4. The method of claim 1,
wherein the detailed attribute information comprises BDSI (Binary data of Drug Structural Information), ISD (Index of Similarity between Drugs), IIPD (Index of Interaction between Protein and Drug), IISD (Index of Interaction Similarity between Drugs), and ADMET (Absorption Distribution Metabolism Excretion Toxicity) of each drug.
5. The method of claim 1,
wherein the second data set comprises side effect grade data between first drugs collected from a first source and side effect grade data between second drugs from a second source,
wherein the side effect grade data between the first drugs and the side effect grade data between the second drugs indicate the same class with different expressions, and
wherein the different expressions indicating the same class are normalized through the preprocessing.
6. The method of claim 1,
wherein the third data set comprises a first sentence expressing a type of a side effect of a first pair of drugs and a second sentence expressing a type of a side effect of a second pair of drugs,
wherein each of the first sentence and the second sentence comprises an expression indicating at least one type,
wherein the first sentence and the second sentence comprise different expressions indicating the type of the same meaning, and
wherein the different expressions indicating the type of the same meaning are replaced with a single term through the preprocessing.
7. The method of claim 1,
wherein the second data set comprises an item including side effect grade information of a pair of drugs combined in order of a first drug and a second drug, and
wherein the preprocessed second data set is processed to further include side effect grade information of the pair of drugs combined in order of the second drug and the first drug by giving the directionality.
8. The method of claim 1,
wherein the third data set comprises an item including side effect type information of a pair of drugs combined in order of a first drug and a second drug, and
wherein the preprocessed third data set is processed to further include side effect type information of the pair of drugs combined in order of the second drug and the first drug by giving the directionality.
9. The method of claim 1, wherein the at least one artificial intelligence model comprises a first artificial intelligence model of multiple input and a single output predicting the side effect grade and a second artificial intelligence model of multiple input and multiple output predicting the side effect type.
10. The method of claim 1, further comprising transmitting data indicating a grade and type of a side effect between the pair of drugs to another device.

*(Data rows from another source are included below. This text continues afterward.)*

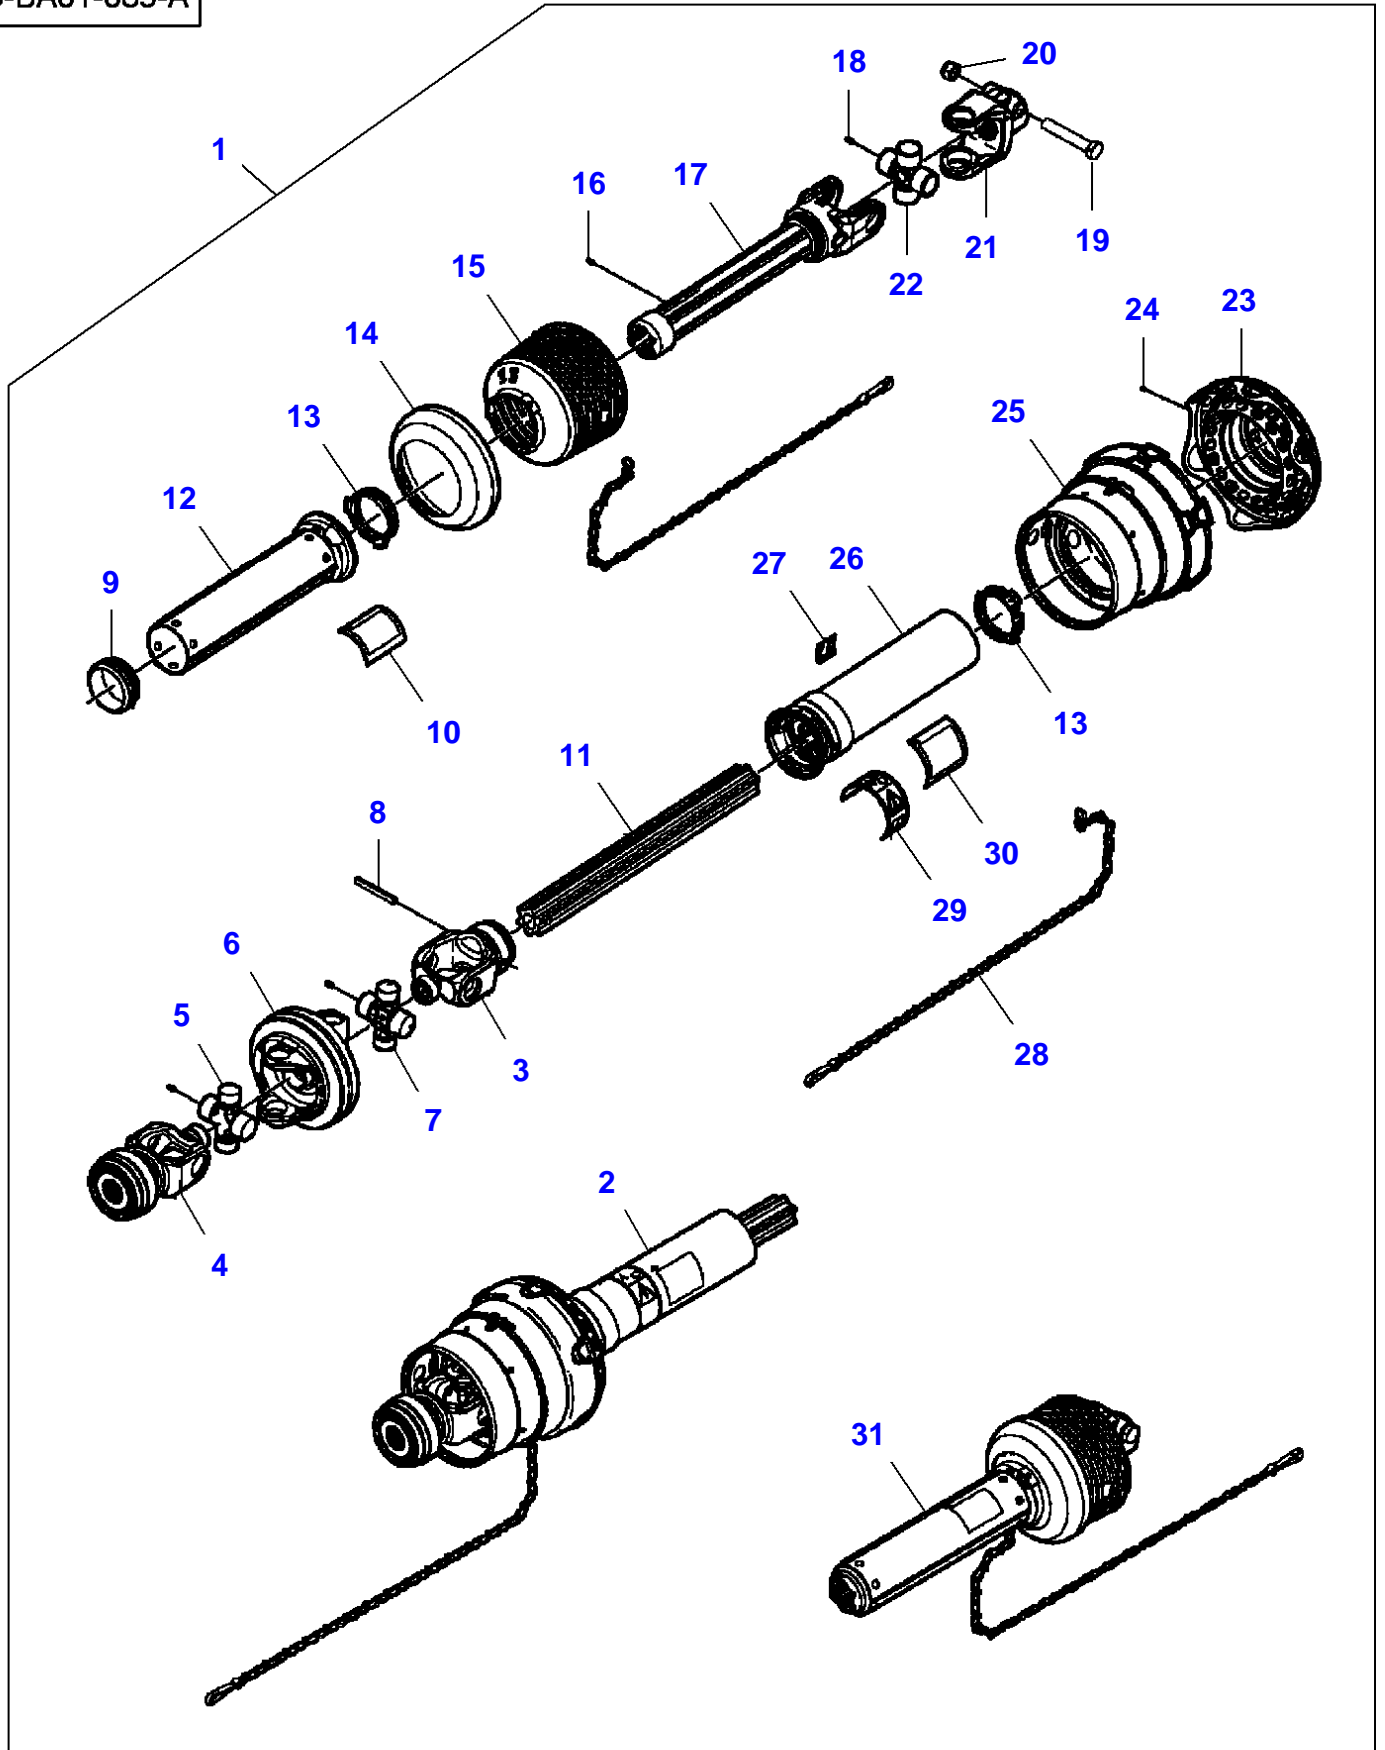

5-BA01-089-A

Item	Part Number	Qty	Description	Comments
1	700957667F	1	Kit, Attachment	
2	700735108	1	Universal Joint	(1)
3	700735112	1	Yoke	(1)
4	700735127	1	Yoke	(1)
	700735128	1	Kit, Repair	(4)
5	700735113	1	Spider	(1)
6	700735110	1	Yoke	(1)
7	700735111	1	Spider	(1)
8	763847	1	Pin	(1)
9	700735123	1	Bearing	(1)
10	210371	1	Decal	(1)
11	700735114	1	Shaft	(1)
12	700735119	1	Tube	[A] (1)
13	6581954	2	Bearing Bush	(1)
14	700735124	1	Collar	(1)
15	700735122	1	Cone	(1)
16	700707556	1	Grease Fitting	(1)
17	700735115	1	Yoke	(1)
18	700735125	3	Grease Fitting	(1)
19	339182X1	1	Hex Cap Screw	(1) M6 M16 X 90
20	1442739X1	1	Locknut	(1) M16
21	700711395	1	Yoke	(1)
22	700735116	1	Spider	(1)
23	700735121	1	Cone	(1)
24	1077994M1	10	Screw	(1)
25	700735120	1	Cone	(1)
26	700735117	1	Tube	[A] (1)
27	700735129	1	Decal	(1)
28	71382485	2	Chain	(1) Length 760 mm
29	700728658	1	Decal	(1)
30	700707960	1	Decal	(1)
31	700735107	1	Universal Joint	(1)

FOOTNOTE [A] THE APPROPRIATE SAFETY DECALS MUST BE ORDERED AND FITTED TO THIS PART
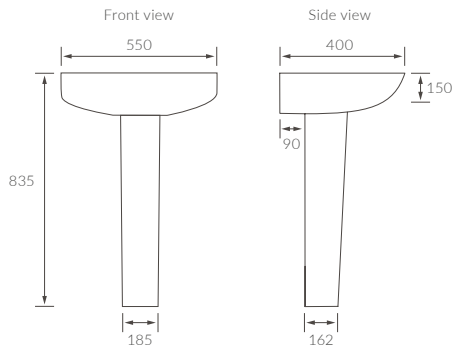

# AVA

**BASIN WITH FULL PEDESTAL**

550 x 400mm

**BASIN WITH SEMI PEDESTAL**

550 x 400mm

**BASIN WITH FULL PEDESTAL**

450 x 400mm

**BASIN WITH SEMI PEDESTAL**
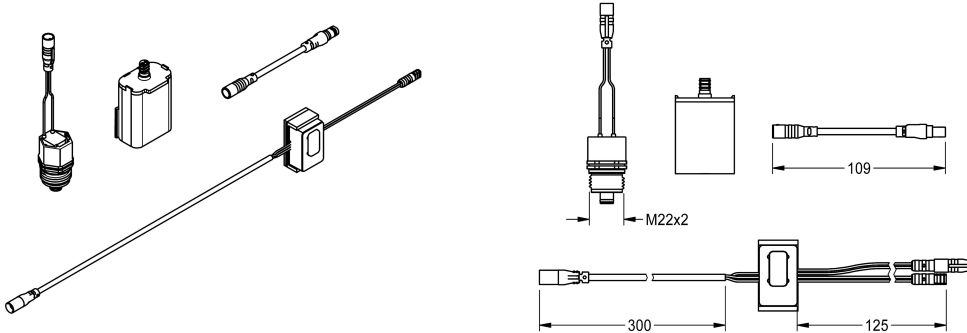

KWC

Set for flushing the cold-water line

Modell-Linie: F5 | ACXT2005

Duschar | Kompletterande delar duschar

KWC-No.

2030071564

Set for flushing the cold-water line

Set for performing automatic flushing of the cold-water line. Sensor with control electronics and 6 V lithium battery (CR-P2) as well as solenoid valve cartridge. Activated water hygiene flushing (30

seconds), fixed interval of 24 hours and saving of statistical data. With option for parametrisation and communication via optional, bidirectional remote control.

Extratillbehör

**Bidirectional remote control for
electronical fittings F3 and F5**

2030036654

ACEX9005

**2-button remote control for fittings F3
and F5**

2030036849

ACEX9004

Reservdelar

KWC

Set for flushing the cold-water line

Modell-Linie: F5 | ACXT2005

Duschar | Kompletterande delar duschar

Battery compartment

3600002063
ACEX9023

Solenoid valve cartridge

2030003033
EAQFU0001
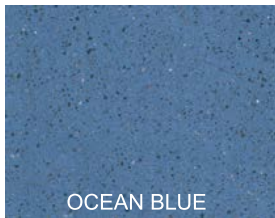

# C<sup>2</sup> Color Hard Farbkarte

seelbach  
international gmbh

CARIBBEAN BLUE

OCEAN BLUE

AMETHYST

PAINTED DESERT

RED ROCK

RUBY RED

ROSE QUARTZ

GEORGIA CLAY

BLUE STONE

WELSH SLATE

EMERALD

SERPENTINE

COPPER PATINA

MOCHA

AMBER

DESERT SAND

BRONZE

ANTIQUE CORK

BROWN STONE

LIGHT ROAST

ESPRESSO

DARK BROWN

CONCRETE GRAY

BLACK

ONYX

The colors on this page are for representation only. Color results cannot be guaranteed. Actual colors may vary. Test samples must be applied.
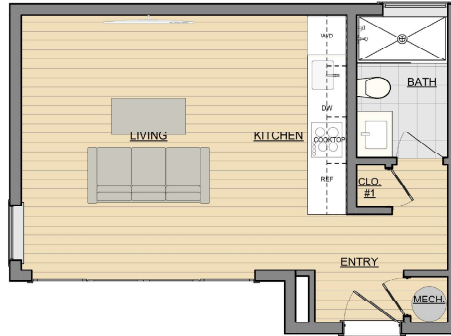

# casita

Size: Studio - 380 sf  
Style: Contemporary  
Living Room Size: Smaller (LR1)  
17'-6" x 13'-9" interior space

Kitchen Layout: Option A  
Galley kitchen  
Undercounter refrigerator  
4-burner radiant cooktop  
Microwave drawer  
18" compact dishwasher  
Washer/Dryer combination unit  
Stainless steel sink w/ pull-out faucet

Living Room Doors: Outswing

Deck: Yes

Price: \$284,577

10/12/2021

[www.casita.build](http://www.casita.build)  
652 Gilman St., Palo Alto, CA 94301

[info@casita.build](mailto:info@casita.build)  
650.600.9050
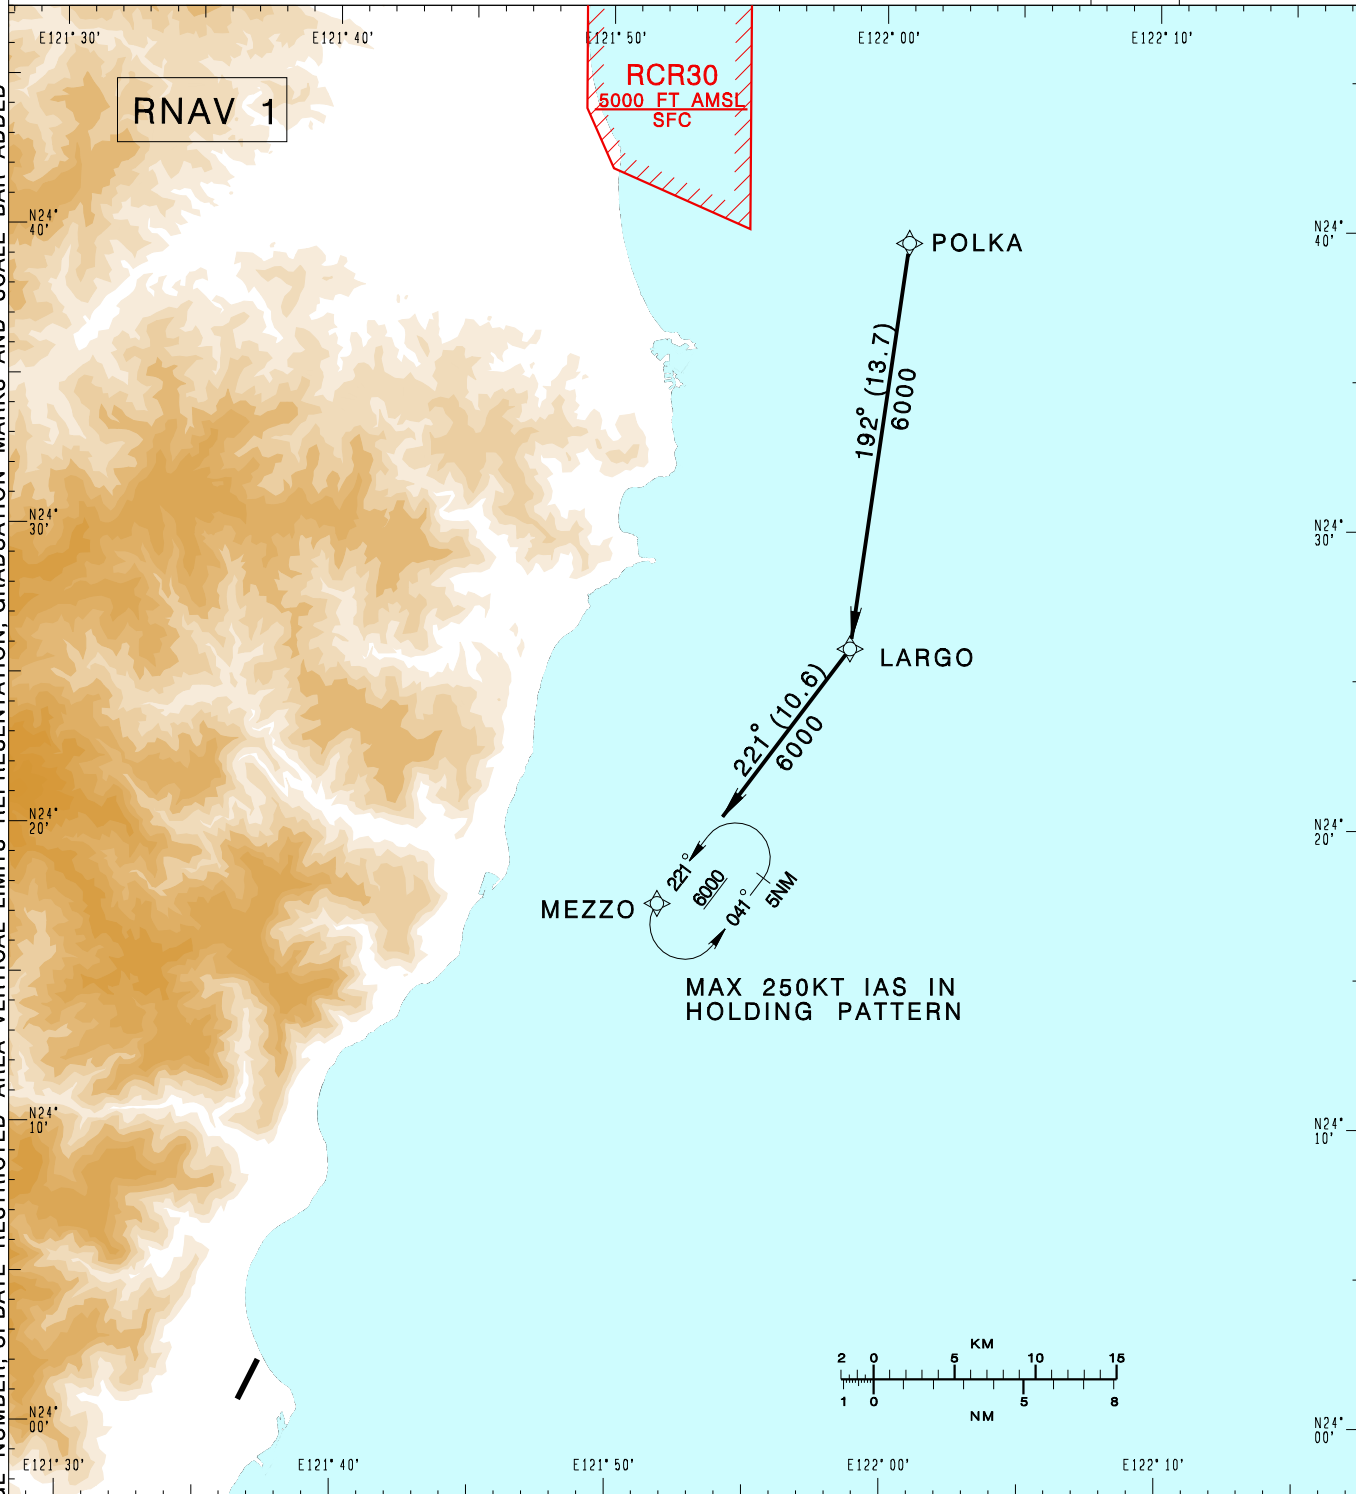

花蓮機場
HUALIEN AD

**RCYU STAR
POLKA ONE RNAV**

TAIPEI APP 124.0 119.1 330.2 276.8				HUALIEN TWR 118.1 126.18 236.6				VAR 4° W 	 14000' MSA APP 25NM
Apt Elev: 51'		Trans Level: FL130		Trans Alt: 11,000'					
BEARINGS ARE MAGNETIC; DISTANCES ARE NAUTICAL MILES; ELEVATIONS, HEIGHTS IN FEET									

CHANGES: NEW PAGE NUMBER, UPDATE RESTRICTED AREA VERTICAL LIMITS REPRESENTATION, GRADUATION MARKS AND SCALE BAR ADDED

POLKA ONE RNAV ARRIVAL
From POLKA to LARGO, then MEZZO.
*GNSS REQUIRED

11. A device for analyzing drug-drug interaction (DDI), the device comprising:
a memory configured to store at least one artificial intelligence model; and
a processor connected to the memory,
wherein the processor is configured to:
acquire a first data set for chemical structures of drugs, a second data set for a grade of a side effect between the drugs and a third data set for a type of a side effect between the drugs, as data sets for training;
generate detailed attribute information of each of the drugs, by preprocessing the first data set;
normalizing a class included in the second data set and giving directionality, by preprocessing the second data set;
extract expressions representing a side effect type included in the third data set, normalizing the expressions and giving directionality to the third data set, by preprocessing the third data set;
learn the at least one artificial intelligence model using the preprocessed first data set, the preprocessed second data set and the preprocessed third data set; and
determine the grade and type of the side effect of a pair of drugs from information on the pair of drugs using the at least one artificial intelligence model.